[Dataset excerpts]
-.-.-
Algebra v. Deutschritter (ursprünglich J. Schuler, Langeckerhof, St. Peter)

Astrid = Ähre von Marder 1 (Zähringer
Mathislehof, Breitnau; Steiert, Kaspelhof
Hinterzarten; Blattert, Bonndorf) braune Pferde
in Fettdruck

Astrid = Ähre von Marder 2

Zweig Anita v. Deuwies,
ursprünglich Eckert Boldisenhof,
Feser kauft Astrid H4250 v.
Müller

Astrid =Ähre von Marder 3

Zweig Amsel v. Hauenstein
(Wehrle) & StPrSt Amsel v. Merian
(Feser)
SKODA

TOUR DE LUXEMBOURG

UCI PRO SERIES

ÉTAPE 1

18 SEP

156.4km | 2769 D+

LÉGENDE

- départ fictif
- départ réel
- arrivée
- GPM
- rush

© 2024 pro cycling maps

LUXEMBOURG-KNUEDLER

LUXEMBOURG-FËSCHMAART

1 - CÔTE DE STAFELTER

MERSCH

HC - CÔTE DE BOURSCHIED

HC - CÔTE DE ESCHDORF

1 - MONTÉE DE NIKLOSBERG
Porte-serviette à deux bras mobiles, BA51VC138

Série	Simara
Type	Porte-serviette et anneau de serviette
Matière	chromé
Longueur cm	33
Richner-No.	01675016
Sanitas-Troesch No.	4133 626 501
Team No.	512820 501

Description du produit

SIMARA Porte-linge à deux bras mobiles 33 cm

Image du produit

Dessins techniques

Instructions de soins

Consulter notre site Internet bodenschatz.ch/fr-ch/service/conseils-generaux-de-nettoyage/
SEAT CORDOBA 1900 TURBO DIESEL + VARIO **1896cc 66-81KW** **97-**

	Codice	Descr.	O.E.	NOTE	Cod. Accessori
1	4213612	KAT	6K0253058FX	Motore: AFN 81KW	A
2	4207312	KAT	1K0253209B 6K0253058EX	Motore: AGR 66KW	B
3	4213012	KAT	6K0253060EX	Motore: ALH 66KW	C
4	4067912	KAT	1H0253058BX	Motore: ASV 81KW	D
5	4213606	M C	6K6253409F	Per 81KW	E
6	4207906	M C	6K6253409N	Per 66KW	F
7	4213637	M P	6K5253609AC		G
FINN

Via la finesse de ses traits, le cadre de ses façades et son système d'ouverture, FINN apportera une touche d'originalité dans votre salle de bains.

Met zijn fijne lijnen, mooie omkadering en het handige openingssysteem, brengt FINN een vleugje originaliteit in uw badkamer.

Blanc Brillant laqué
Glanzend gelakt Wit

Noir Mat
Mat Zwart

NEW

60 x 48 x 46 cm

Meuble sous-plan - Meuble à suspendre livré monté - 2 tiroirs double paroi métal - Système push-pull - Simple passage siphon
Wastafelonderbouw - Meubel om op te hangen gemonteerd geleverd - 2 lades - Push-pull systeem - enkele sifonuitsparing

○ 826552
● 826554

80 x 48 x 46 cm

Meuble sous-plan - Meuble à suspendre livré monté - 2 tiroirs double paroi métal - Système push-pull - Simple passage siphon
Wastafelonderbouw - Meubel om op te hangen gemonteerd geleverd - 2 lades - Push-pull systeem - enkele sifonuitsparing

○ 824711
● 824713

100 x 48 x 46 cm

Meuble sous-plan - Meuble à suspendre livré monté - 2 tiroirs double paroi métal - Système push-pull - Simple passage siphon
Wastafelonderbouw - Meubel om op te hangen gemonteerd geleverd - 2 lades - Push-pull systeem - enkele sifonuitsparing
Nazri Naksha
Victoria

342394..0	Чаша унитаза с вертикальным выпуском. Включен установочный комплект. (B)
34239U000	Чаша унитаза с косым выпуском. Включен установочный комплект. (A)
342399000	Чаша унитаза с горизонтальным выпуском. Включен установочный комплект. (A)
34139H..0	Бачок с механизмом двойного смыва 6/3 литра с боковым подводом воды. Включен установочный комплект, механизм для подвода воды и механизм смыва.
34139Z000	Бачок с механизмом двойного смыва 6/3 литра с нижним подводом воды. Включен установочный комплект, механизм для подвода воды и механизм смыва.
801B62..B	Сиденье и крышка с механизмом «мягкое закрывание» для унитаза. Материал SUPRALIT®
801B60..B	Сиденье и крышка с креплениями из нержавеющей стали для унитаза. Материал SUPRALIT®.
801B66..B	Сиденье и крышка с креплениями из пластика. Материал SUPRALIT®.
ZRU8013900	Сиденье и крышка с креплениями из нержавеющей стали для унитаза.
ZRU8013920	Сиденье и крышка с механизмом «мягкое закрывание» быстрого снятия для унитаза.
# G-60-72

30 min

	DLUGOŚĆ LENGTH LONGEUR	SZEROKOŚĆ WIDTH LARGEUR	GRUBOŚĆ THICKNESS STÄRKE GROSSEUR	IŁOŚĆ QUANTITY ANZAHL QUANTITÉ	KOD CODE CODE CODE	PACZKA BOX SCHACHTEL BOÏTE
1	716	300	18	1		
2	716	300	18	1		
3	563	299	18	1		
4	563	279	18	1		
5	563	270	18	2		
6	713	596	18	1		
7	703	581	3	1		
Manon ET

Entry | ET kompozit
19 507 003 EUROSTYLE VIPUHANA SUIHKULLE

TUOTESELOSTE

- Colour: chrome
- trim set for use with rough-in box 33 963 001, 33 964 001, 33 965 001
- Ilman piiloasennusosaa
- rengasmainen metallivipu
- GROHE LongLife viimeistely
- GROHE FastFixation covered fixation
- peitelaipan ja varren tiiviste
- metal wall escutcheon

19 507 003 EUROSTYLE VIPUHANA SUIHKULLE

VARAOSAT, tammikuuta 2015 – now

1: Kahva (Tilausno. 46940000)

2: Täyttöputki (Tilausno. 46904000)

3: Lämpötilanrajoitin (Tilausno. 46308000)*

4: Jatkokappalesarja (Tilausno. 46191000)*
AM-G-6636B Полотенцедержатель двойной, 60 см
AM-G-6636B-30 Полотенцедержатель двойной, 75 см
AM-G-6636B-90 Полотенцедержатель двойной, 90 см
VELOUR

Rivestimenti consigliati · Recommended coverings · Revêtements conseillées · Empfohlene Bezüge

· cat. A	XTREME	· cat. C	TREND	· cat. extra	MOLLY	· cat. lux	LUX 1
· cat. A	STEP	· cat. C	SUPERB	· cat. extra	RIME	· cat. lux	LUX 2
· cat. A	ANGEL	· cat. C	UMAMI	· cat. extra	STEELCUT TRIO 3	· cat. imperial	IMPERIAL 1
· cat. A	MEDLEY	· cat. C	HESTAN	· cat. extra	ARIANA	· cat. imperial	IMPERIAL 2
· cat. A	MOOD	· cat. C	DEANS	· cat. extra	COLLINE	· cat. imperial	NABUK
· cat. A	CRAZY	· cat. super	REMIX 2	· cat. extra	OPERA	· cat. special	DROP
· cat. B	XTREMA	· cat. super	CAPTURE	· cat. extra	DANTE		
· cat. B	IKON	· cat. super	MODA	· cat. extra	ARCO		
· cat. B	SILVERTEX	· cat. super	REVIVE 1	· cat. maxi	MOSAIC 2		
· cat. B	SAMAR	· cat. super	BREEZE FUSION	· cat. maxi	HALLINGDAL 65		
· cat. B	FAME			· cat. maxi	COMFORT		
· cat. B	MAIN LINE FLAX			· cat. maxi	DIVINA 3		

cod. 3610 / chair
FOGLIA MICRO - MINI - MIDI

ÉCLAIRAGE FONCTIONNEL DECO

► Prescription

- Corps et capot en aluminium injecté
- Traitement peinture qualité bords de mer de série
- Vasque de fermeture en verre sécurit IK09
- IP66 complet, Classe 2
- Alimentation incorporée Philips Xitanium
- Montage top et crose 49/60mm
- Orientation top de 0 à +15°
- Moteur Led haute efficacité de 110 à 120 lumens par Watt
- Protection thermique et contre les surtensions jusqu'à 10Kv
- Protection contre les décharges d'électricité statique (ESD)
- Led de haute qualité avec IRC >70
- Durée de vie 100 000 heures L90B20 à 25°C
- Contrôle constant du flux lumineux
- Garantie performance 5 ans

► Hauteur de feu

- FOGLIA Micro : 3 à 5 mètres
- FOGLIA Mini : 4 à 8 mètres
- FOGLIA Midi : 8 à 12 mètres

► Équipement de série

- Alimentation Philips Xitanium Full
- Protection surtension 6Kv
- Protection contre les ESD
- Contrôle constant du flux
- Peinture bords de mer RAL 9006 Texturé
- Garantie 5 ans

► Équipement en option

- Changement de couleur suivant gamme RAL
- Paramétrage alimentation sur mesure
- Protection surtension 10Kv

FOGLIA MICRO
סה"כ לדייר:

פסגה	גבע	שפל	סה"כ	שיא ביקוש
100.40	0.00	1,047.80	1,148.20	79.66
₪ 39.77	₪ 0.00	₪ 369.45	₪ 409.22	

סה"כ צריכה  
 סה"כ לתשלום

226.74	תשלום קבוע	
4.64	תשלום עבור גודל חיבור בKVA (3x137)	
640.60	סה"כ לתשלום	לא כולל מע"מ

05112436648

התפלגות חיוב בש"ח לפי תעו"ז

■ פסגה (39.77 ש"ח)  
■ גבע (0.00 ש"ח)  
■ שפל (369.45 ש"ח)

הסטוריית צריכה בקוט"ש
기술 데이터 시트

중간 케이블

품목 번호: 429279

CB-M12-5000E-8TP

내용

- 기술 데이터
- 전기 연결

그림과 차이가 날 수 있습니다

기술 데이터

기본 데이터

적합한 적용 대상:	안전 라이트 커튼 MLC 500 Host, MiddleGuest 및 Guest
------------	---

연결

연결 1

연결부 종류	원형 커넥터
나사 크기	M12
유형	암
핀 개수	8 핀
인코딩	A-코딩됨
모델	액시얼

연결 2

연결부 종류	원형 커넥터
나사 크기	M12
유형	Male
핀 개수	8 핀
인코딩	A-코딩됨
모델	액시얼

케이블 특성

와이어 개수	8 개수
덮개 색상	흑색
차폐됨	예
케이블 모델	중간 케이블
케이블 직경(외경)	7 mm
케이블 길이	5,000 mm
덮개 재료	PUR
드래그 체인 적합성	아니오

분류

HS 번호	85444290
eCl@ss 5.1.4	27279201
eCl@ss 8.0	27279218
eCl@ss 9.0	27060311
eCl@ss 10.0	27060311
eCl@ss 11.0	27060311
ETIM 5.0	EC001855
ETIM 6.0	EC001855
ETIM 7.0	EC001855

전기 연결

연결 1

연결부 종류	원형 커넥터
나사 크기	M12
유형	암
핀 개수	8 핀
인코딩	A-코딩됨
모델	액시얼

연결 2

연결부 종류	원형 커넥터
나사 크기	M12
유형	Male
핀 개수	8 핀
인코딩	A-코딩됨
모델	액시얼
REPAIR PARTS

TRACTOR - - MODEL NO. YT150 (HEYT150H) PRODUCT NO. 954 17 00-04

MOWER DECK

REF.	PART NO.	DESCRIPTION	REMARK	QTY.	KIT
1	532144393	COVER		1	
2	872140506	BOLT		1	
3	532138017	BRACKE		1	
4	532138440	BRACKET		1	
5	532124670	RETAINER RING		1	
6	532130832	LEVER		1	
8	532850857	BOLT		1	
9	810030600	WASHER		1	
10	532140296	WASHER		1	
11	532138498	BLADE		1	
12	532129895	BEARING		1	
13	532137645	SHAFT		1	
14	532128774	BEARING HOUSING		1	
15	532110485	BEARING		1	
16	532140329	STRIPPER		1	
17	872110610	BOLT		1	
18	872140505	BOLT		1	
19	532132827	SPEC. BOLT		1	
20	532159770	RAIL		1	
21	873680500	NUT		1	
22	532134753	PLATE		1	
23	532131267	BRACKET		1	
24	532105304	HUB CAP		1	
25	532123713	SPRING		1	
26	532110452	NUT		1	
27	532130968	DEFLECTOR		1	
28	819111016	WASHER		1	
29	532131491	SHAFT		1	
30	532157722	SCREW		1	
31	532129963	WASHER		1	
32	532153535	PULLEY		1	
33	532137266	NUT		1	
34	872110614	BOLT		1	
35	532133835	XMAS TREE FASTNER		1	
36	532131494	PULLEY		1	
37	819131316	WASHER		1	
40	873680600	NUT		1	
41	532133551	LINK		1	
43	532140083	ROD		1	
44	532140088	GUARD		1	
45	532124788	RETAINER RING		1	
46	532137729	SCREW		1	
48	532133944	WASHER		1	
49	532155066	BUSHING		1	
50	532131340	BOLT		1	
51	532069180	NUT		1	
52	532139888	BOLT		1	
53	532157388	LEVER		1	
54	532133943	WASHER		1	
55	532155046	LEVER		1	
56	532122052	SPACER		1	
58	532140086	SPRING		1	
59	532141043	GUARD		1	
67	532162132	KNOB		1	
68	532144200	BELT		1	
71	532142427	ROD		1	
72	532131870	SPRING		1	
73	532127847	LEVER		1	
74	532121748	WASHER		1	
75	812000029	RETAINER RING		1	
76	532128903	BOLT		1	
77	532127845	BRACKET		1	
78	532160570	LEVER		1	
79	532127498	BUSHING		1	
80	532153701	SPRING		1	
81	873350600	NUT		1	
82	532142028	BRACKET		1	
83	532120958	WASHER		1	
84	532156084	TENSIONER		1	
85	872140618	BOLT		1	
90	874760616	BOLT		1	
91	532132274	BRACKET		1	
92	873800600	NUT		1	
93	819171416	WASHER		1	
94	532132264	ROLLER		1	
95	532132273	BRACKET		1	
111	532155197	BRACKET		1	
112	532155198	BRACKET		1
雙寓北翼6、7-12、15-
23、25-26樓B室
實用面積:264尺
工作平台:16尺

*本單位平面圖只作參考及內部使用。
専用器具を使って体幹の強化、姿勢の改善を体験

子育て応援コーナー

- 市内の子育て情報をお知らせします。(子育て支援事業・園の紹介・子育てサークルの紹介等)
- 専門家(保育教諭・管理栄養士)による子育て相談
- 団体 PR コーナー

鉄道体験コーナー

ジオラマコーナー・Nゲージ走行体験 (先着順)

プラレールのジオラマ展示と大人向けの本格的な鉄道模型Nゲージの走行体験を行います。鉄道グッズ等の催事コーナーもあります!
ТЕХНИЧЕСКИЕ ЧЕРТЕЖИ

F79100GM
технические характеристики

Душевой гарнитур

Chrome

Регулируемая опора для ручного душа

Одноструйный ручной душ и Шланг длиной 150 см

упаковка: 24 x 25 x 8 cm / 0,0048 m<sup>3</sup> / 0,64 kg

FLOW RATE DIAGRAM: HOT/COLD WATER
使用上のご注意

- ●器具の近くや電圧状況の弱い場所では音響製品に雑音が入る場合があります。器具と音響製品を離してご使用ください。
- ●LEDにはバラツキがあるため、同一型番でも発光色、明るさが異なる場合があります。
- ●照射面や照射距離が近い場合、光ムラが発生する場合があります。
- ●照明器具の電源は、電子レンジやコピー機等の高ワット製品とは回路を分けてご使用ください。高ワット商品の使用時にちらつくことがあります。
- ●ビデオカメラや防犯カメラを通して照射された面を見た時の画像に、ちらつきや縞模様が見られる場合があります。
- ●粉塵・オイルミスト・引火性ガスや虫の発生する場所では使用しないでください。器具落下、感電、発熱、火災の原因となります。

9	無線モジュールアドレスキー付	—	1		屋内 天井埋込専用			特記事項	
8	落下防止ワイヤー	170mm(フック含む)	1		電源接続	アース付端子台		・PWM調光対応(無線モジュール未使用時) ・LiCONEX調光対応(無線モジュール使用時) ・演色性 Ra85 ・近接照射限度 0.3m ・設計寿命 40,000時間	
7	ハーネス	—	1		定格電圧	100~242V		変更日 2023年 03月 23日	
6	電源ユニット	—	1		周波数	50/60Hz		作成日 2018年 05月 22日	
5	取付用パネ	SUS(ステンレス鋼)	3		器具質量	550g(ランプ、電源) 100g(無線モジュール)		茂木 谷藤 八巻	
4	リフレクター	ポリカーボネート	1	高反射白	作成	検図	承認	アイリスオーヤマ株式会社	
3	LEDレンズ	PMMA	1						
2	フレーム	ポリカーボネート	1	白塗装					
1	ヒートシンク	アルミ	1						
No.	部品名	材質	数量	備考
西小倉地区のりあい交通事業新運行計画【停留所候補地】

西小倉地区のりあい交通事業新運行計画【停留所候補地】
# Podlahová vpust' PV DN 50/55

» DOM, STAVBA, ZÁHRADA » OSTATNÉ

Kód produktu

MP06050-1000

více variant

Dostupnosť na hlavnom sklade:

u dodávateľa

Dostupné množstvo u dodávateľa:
-.-.-
What is needed =>
Where does the word "Чаша" occur in the records? Return every line that holds it.

Solved problem =>
342394..0	Чаша унитаза с вертикальным выпуском. Включен установочный комплект. (B)
34239U000	Чаша унитаза с косым выпуском. Включен установочный комплект. (A)
342399000	Чаша унитаза с горизонтальным выпуском. Включен установочный комплект. (A)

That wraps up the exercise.